7.8
Worth your time for several reasons, but perhaps none so much as Harriet Sansom Harris’s incredible reaction to seeing the alien for the first time.
Jules’ wacky premise — an extra-terrestrial crash-lands in eccentric widower Milton’s (Ben Kingsley) flowerbeds — is a bit of a misdirection. While the movie is technically a sci-fi (featuring, as it does, some very out-there alien engineering), it’s really a charming, mostly-human drama about the isolation and surreality of aging.
Though the mute presence of the alien (nicknamed Jules and played brilliantly by a totally silent Jade Quon) is a constant reminder of the expansiveness of the universe and strange wonders yet to be discovered, the movie keeps its feet firmly on the ground with a sensitive exploration of just how small the worlds of lonely, dementia-struck Milton and two other isolated elderly townspeople (Jane Curtin and Harriet Sansom Harris) are. Rather than expand outwards into a story about the extra-terrestrial itself, Jules focuses on the painful disorientation felt by its lonely trio of protagonists, who all find therapeutic relief and connection by way of the alien and its “understanding eyes.” Though the movie's zany forays into sci-fi territory do sometimes boggle the mind, they never undermine the genuine emotion in Jules’ raw grappling with the experience of aging, as well as give the movie a quirky charm that ensures you won't see anything like this again soon — an increasingly rare experience in itself.

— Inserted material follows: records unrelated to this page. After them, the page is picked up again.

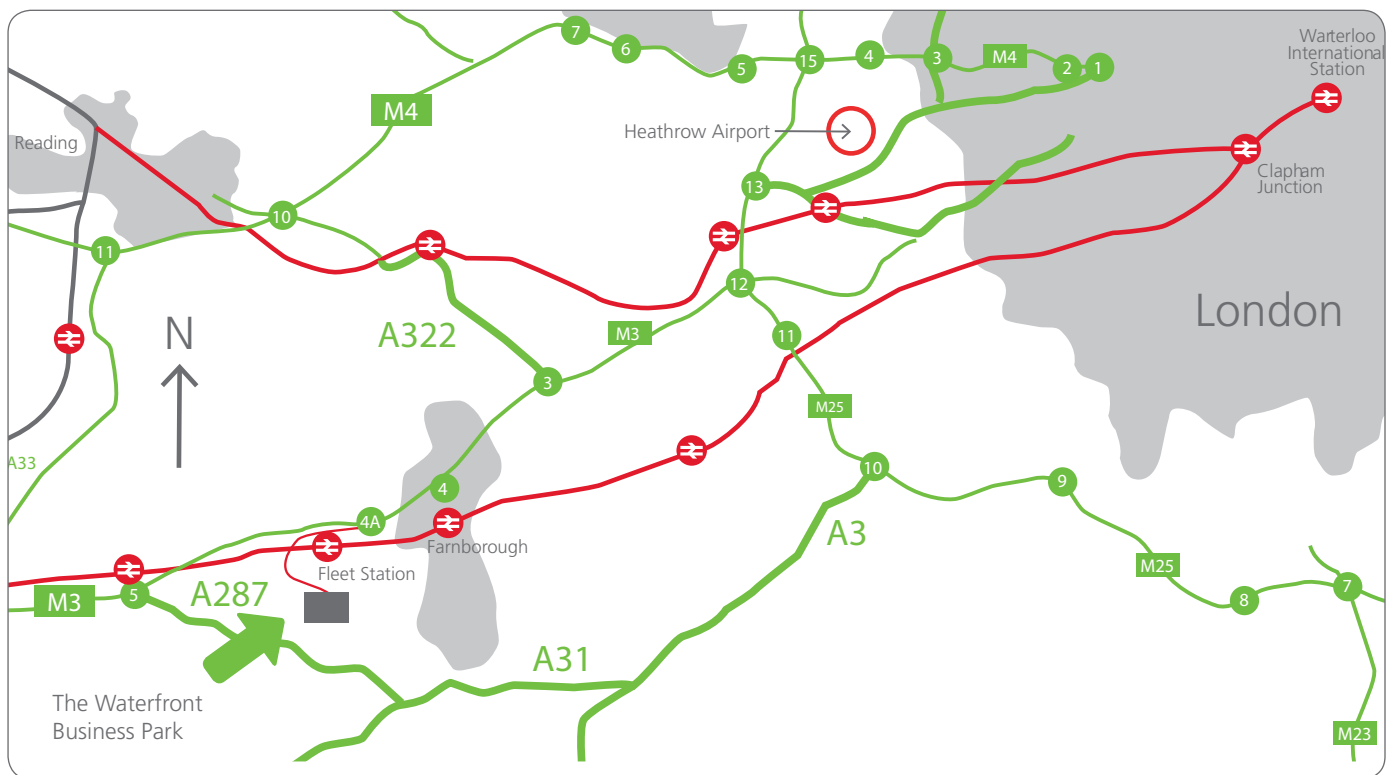

Directions to Waterfront

By Train:

Direct line between Waterloo and Fleet Station.

By Road:

From the M3, exit at Junction 4a and follow signs for Fleet (A3013) driving through a succession of roundabouts. Drive over the railway bridge and take the 2nd exit at the Station roundabout into Waterfront Business Park. Take the first road on the left and drive towards the Dimension Data building.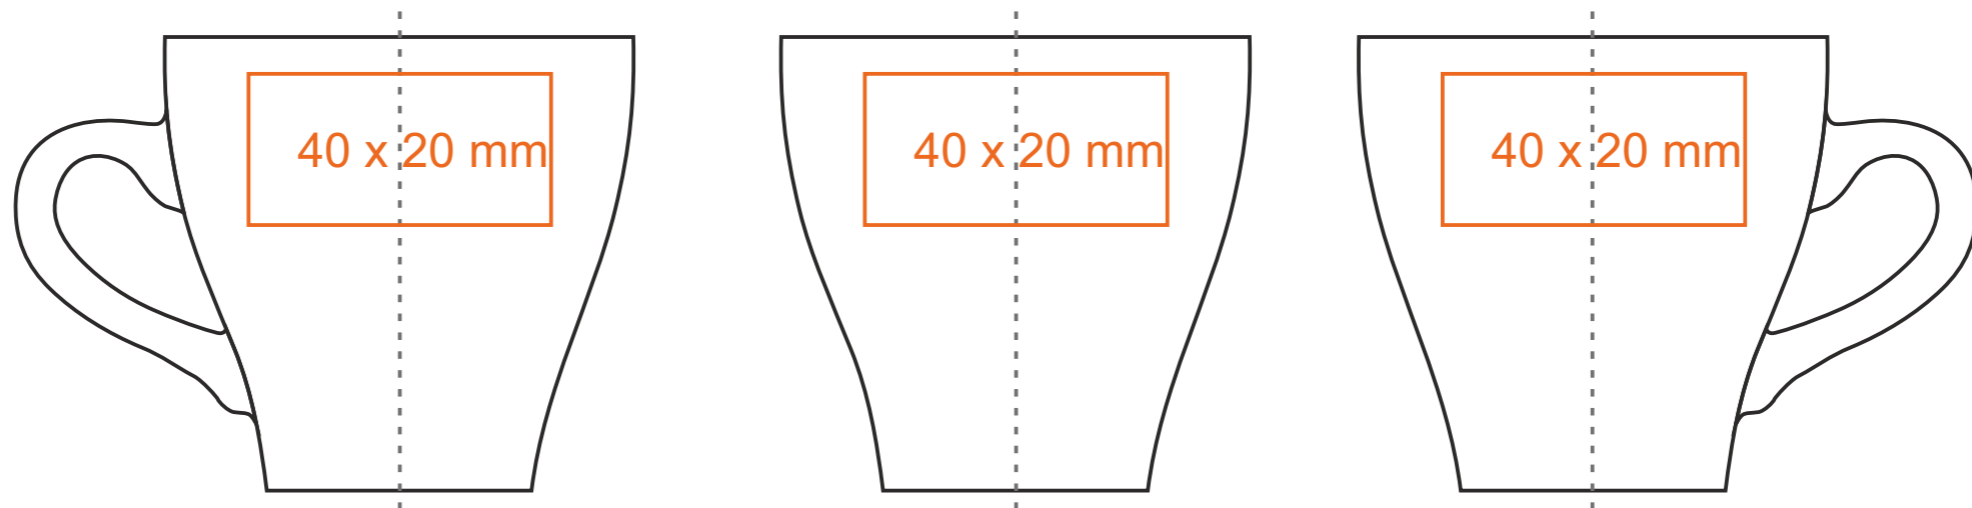

M_229 Venezia

70 ml / h: 60 mm / Ø 63 mm

saucer Ø 120 mm

Imprint on the handle
Imprint on the inside
Imprint on the bottom outside

- 30 x 5 mm
- 30 x 10 mm
- Ø 20 mm

*In the case of projects for transfer print running outside of the standard print area, please contact our sales department.

[How to prepare print material](#)

meaning

- Transfer Print
- Sensitive Touch

M_229 Venezia

150 ml / h: 65 mm / Ø 78 mm

saucer Ø 130 mm

- | | |
|-------------------------------|--------------|
| Imprint on the handle | - 30 x 5 mm |
| Imprint on the inside | - 40 x 10 mm |
| Imprint on the bottom inside | - Ø 25 mm |
| Imprint on the bottom outside | - Ø 25 mm |

200 ml / h: 70 mm / Ø 87 mm

saucer Ø 140 mm

- Imprint on the handle - 30 x 5 mm
- Imprint on the inside - 40 x 15 mm
- Imprint on the bottom inside - Ø 30 mm
- Imprint on the bottom outside - Ø 25 mm

*In the case of projects for transfer print running outside of the standard print area, please contact our sales department.

[How to prepare print material](#)

meaning

- Transfer Print
- Sensitive Touch
- Direct Print

M_229 Venezia

450 ml / h: 82 mm / Ø 125 mm

60 x 30 mm

60 x 30 mm

350 x 25 mm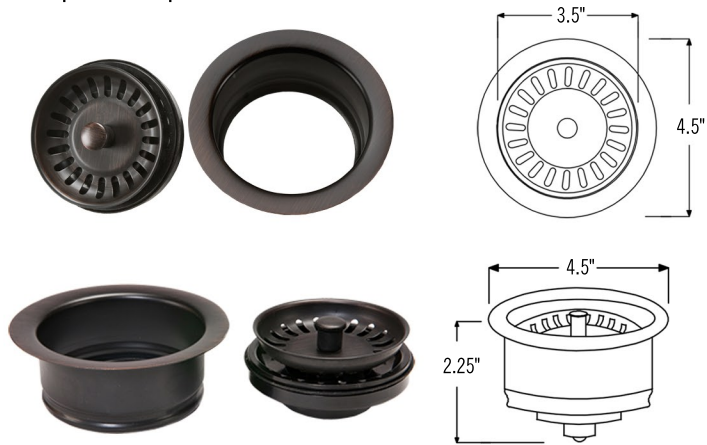

PACKAGE INCLUDES THE FOLLOWING ITEMS:

- * 33" Hammered Copper Kitchen Apron 70/30 Double Basin Sink with Short 5" Divider (Model# KA/0DB33229-SD5)
- * 3.5" Garbage Disposal Drain w/ Basket / ORB Finish (Model# D-130ORB)
- * 3.5" Kitchen Basket Strainer Drain / ORB Finish (Model# D 132ORB)
- * Oil Rubbed Bronze Installation Silicone (Model# C900-ORB)
- * Copper Sink Wax (Model# W900-WAX)

* ORB: Oil Rubbed Bronze

SINK DETAILS (Model# KA70DB33229-SD5)

- * 33" Hammered Copper Kitchen Apron 70/30 Double Basin Sink with Short 5" Divider
- * Color: Oil Rubbed Bronze | Living Copper
- * Outer Dimension: 33" x 22" x 9"
- * Inner Dimension: L: 21" x 19" x 9" | R: 9" x 19" x 9"
- * Rim: Back, Left, Right - 1" / Apron Front - 2"
- * Drain Opening: 3.5" Standard
- * Material Gauge: 14
- * CODE / STANDARD COMPLIANCE: IAPMO / cUPC LISTED

PACKAGE INCLUDES THE FOLLOWING ITEMS:

- * 33" Hammered Copper Kitchen Apron 70/30 Double Basin Sink with Short 5" Divider (Model# KA70DB33229-SD5)
- * 3.5" Garbage Disposal Drain w/ Basket / ORB Finish (Model# D-130ORB)
- * 3.5" Kitchen Basket Strainer Drain / ORB Finish (Model# D-132ORB)
- * Oil Rubbed Bronze Installation Silicone (Model# C900-ORB)
- * Copper Sink Wax (Model# W900-WAX)

* ORB: Oil Rubbed Bronze

DRAIN #1 DETAILS (Model# D-130ORB)

- * 3.5" Deluxe Garbage Disposal Drain w/ Basket
- * Color: Oil Rubbed Bronze
- * Outer Dimension: 4.5" x 2.25"
- * Inner Dimension: 3.5"
- * Installation Type: Insinkerator Brand Compatible
- * Material: Brass
- * Prop 65 Compliant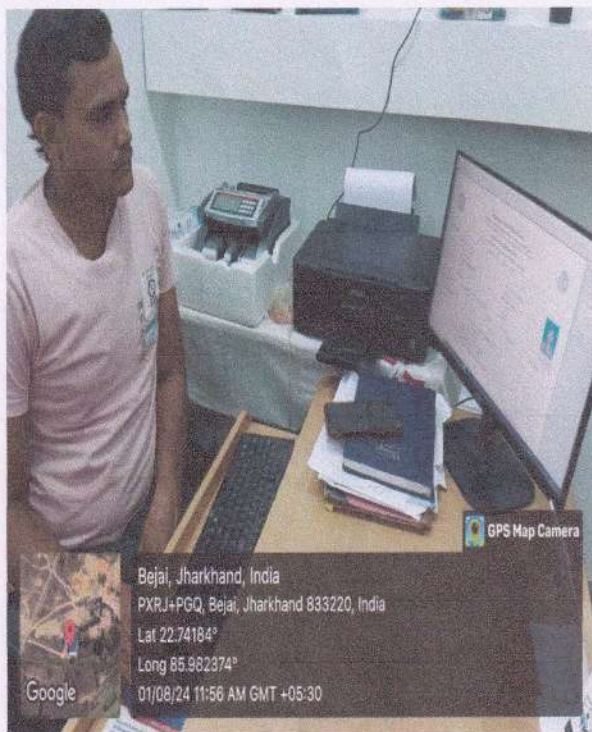

INSTITUTE FOR EDUCATION

Recognized by NCTE, Bhubaneswar under Kolhan University,
Chaibasa, Jharkhand

Vill.: Bijay, P.O.: Sini, District: Seraikella-Kharswan, Jharkhand – 833220

Implementation of E-Governance in Admission & support

Sreetya Saha
Principal
Institute for Education
Bijay Saraikella-Kharsawa
JHARKHAND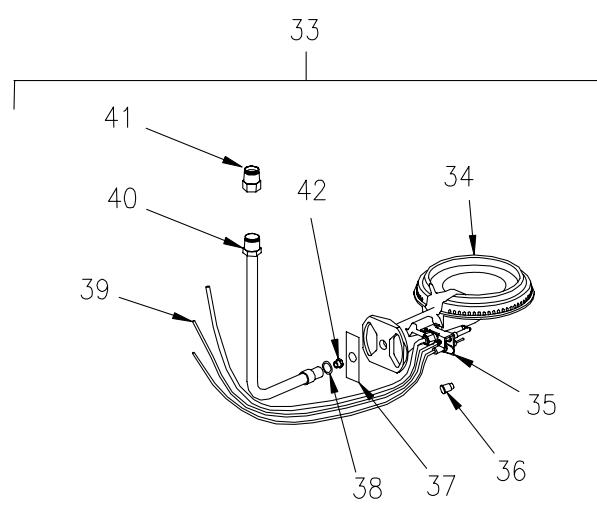

CDW2504T Series

Item	Description	Model CDW2504T10F(BN,CX)
25	Nat Gas Burner Assembly Complete**	265-43971-04-27
26	Nat. Gas BN Burner**	228-42506-00
27	Nat. Gas Main Burner Orifice*	234-41034-27
	Nat. Gas High Altitude 2000 Ft. to 5000 Ft.*	234-41034-29
	Nat. Gas High Altitude 5000 Ft. to 8000 Ft.*	234-41034-30
	Nat. Gas High Altitude Over 8000 Ft.*	234-41034-31
28	Nat. Gas Pilot Assembly*	233-46277-03
29	Nat. Gas Pilot Orifice*	234-46502-05
30	Thermocouple*	233-46501-14
31	Nat. Gas FeedLine*	265-43960-04
32	Nat. Gas FeedLine Adaptor	239-60100-00
33	LP Gas Burner Assembly Complete**	265-43972-04-43
34	LP Gas Cast Iron Burner*	228-37743-00
35	LP Gas Pilot Assembly*	233-46278-03
36	LP Gas Pilot Orifice*	234-46502-02
37	Air Shutter*	239-35466-00
38	Air Shutter Nut*	239-18197-00
39	Thermocouple*	233-46501-17
40	LP Gas Feed Line*	265-43961-03
41	LP Gas Feed Line Adaptor	239-60099-00
42	LP Gas Main Burner Orifice*	234-35928-43
	LP Gas High Altitude 2000 Ft. to 5000 Ft.*	234-35928-46
	LP Gas High Altitude 5000 Ft. to 8000 Ft.*	234-35928-47
	LP Gas High Altitude Over 8000 Ft.*	234-35928-47
-	LP to Natural Gas Conversion Kit (Norm Alt.)	265-45712-25
-	LP to Natural Gas Conversion Kit (High Alt.)	265-45712-26

*Inner door gasket kit recommended

**Ordering a complete burner assembly may increase delivery time. Please order the specific component required for the quickest delivery.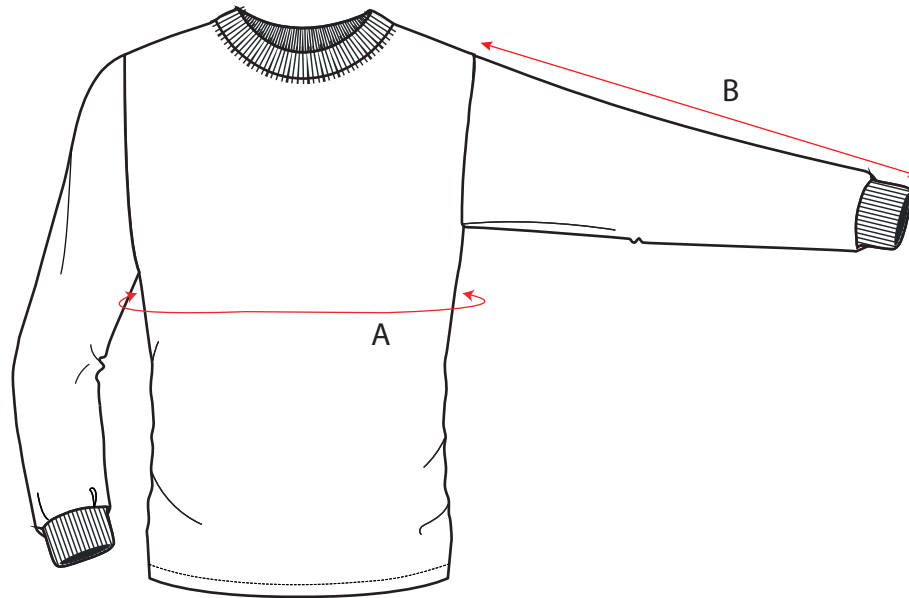

STYLE NO: FR11

DESCRIPTION: FR and Anti-Static T- Shirt

FABRIC: 60% Modacrylic 39% Cotton
1% Carbon Fibre 200gm

COLOUR: Navy, Grey, Black.

AREA	Code	XSMALL	SMALL	MEDIUM	LARGE	X-LARGE	XX-LARGE	3XL	4XL	5XL
Chest	A	88	96	104	112	120	128	136	144	156
Sleeve length (incl.Cuff)	B	55	56	57	58	59	60	61	62	63
Back Length (incl. Collar)	C	70	72	74	76	78	80	82	84	86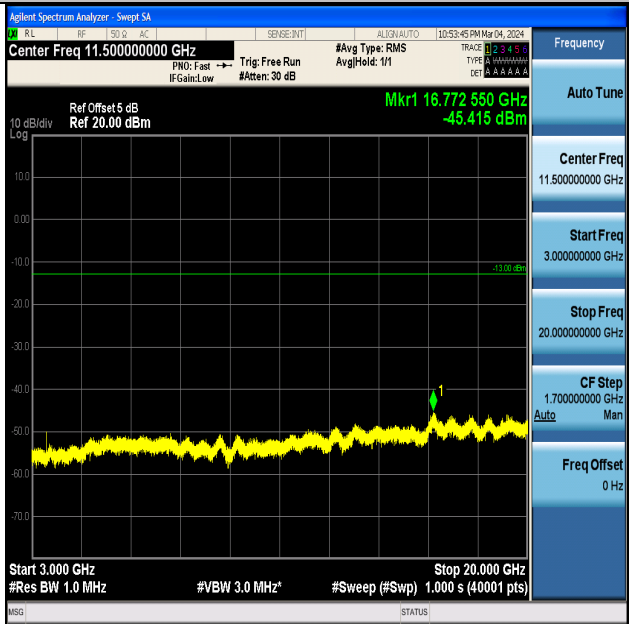

Band4_5MHz_QPSK_20375_1RB#0_3000~20000_3000~20000

Band4_5MHz_16QAM_20375_1RB#0_0.15~30_0.15~30

Band4_5MHz_16QAM_20375_1RB#0_30~1000_30~1000

Band4_5MHz_16QAM_20375_1RB#0_1000~3000_1000~3000

Band4_5MHz_16QAM_20375_1RB#0_0.009~0.15_0.009~0.15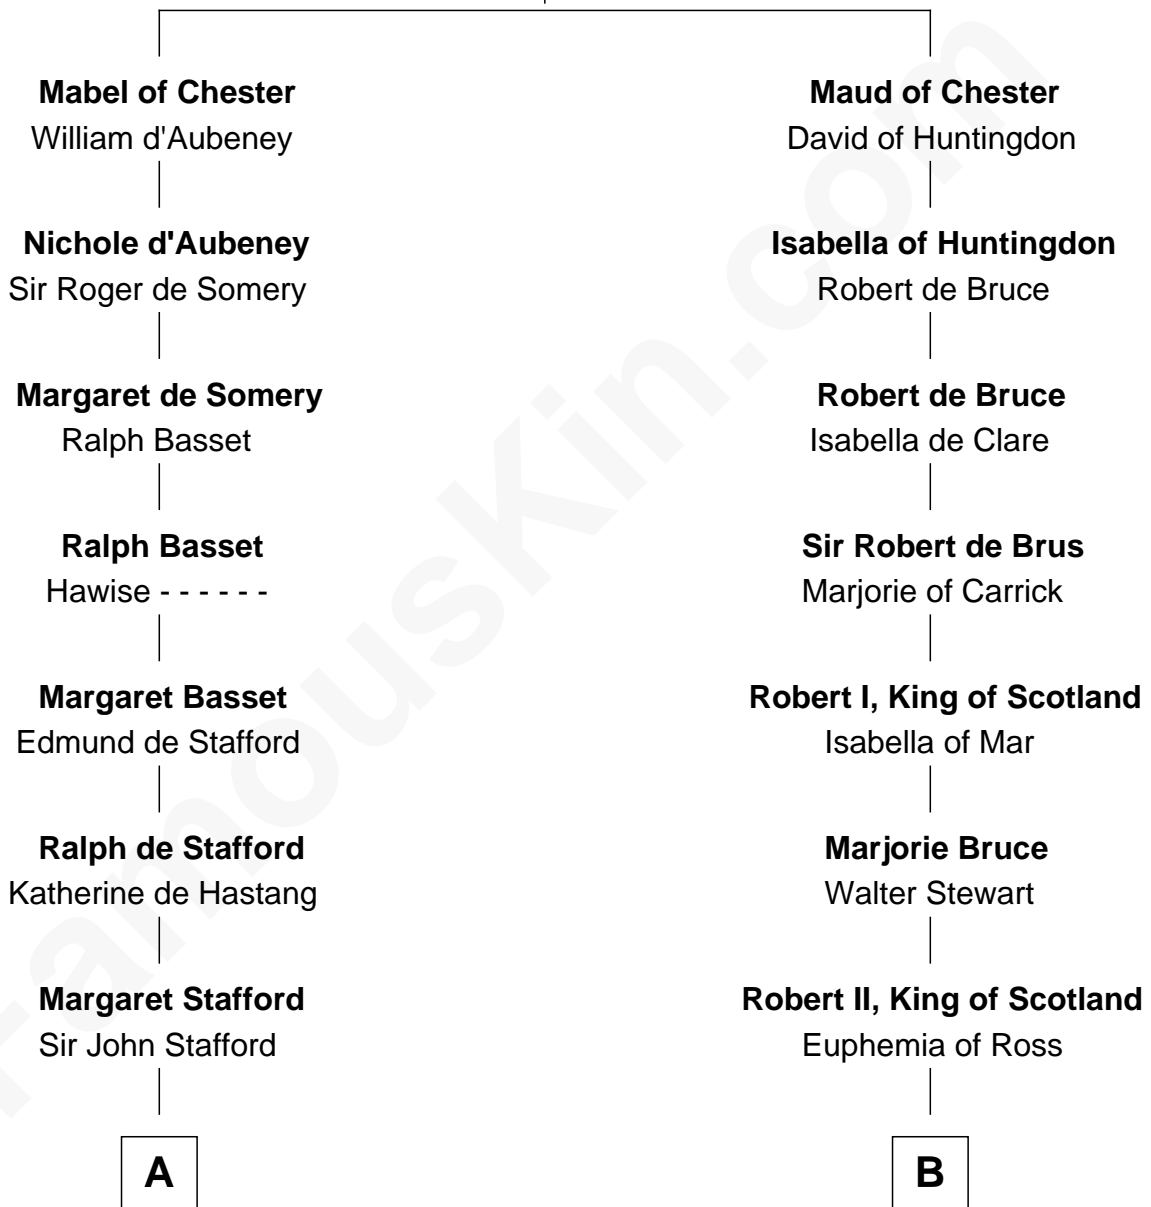

FamousKin.com Relationship Chart of

William Greene

2nd Governor of Rhode Island

18th cousin 1 time removed of

Patrick Henry

1st and 6th Governor of Virginia

Hugh de Kevelioc
Bertrade de Montfort

C

Samuel Greene

Mary Gorton

William Greene

Catharine Greene

William Greene

2nd Governor of Rhode Island

D

John Henry

Mrs. Sarah Winston Syme

Patrick Henry

1st & 6th Gov. of Virginia

FamousKin.com

With her role featuring no dialogue whatsoever, Quon has the difficult job of operating on vibes alone if we’re to believe that a silent alien could have such a profound effect on the movie’s three human characters. The physical nature of the part was probably made even more complicated by the heavy prosthetics used for the character (no green screens here — another point for novelty) but Quon rises to the challenge and instantly establishes Jules as an endearing presence, one you can easily believe would elicit the (often hilarious) outpourings that the trio gush out. It’s a lovely performance, one that's all the more impressive for how much wholesomeness it exudes solely through wordless means.